Every second of raw 1080p video at 24fps produces roughly 150MB of data. A two-hour film would be 1.08TB uncompressed. Video compression is what makes streaming, downloads, and storage remotely practical — a well-compressed version of that same film fits in 2-4GB.
But compression is not one thing. There's a stack of decisions: which codec encodes the pixels, which container wraps the streams, what bitrate balances quality against size, and whether your conversion actually re-encodes the data or just moves it between containers. Get these wrong and you either bloat your files or destroy your quality for nothing.
This guide explains how it all works, with real numbers and practical advice for anyone converting video files.
Containers vs Codecs: The Distinction Most People Miss
A codec (coder-decoder) is the algorithm that compresses and decompresses the actual video and audio data. H.264, H.265, VP9, and AV1 are codecs.
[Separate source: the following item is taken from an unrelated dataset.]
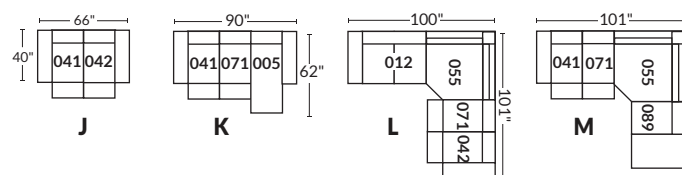

EXEMPLE 23" EXAMPLE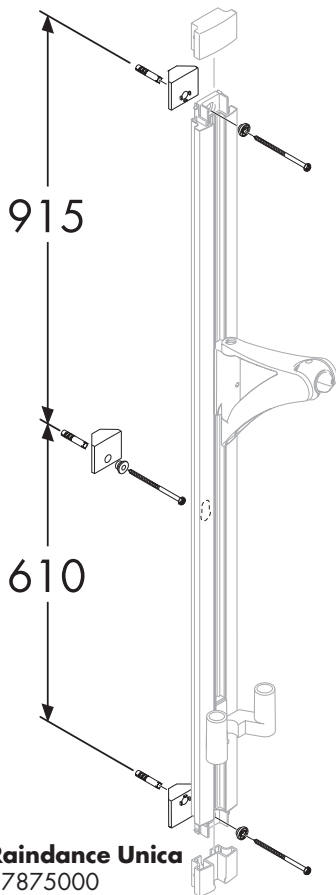

Raindance Unica

27875000

hansgrohe

AXOR | PHÄRO

A container is the file format that packages one or more codec streams together — video, audio, subtitles, chapter markers — into a single file. MP4, MKV, WebM, and AVI are containers.
This matters because the same video data can live in different containers. An H.264 video with AAC audio can be packaged as an .mp4, an .mkv, or a .mov file. The actual compressed data inside is identical. The container just determines how it's organized on disk and what metadata it supports.
Here's why this is practical: converting MKV to MP4 usually means remuxing — moving the streams from one container to another without touching the compressed data. That's fast (seconds, not minutes) and completely lossless. But converting AVI to MP4 often requires re-encoding because AVI files frequently contain older codecs (DivX, Xvid) that MP4 doesn't natively support.
Container Format Comparison
| Container | Extension | Video Codecs | Audio Codecs | Best For |
|---|---|---|---|---|
| MP4 | .mp4, .m4v | H.264, H.265, AV1 | AAC, MP3, AC3 | Universal playback, sharing, streaming |
| MKV | .mkv | Virtually all codecs | Virtually all codecs | Archival, multiple audio/subtitle tracks |
| WebM | .webm | VP8, VP9, AV1 | Vorbis, Opus | Web embedding, HTML5 video |
| AVI | .avi | DivX, Xvid, H.264 | MP3, PCM, AC3 | Legacy compatibility (mostly outdated) |
| MOV | .mov | H.264, H.265, ProRes | AAC, PCM, ALAC | Apple ecosystem, professional editing |
| FLV | .flv | H.264, VP6 | AAC, MP3 | Legacy Flash video (obsolete) |
How Video Compression Actually Works
Video compression exploits two types of redundancy: what's similar within a single frame, and what's similar between consecutive frames.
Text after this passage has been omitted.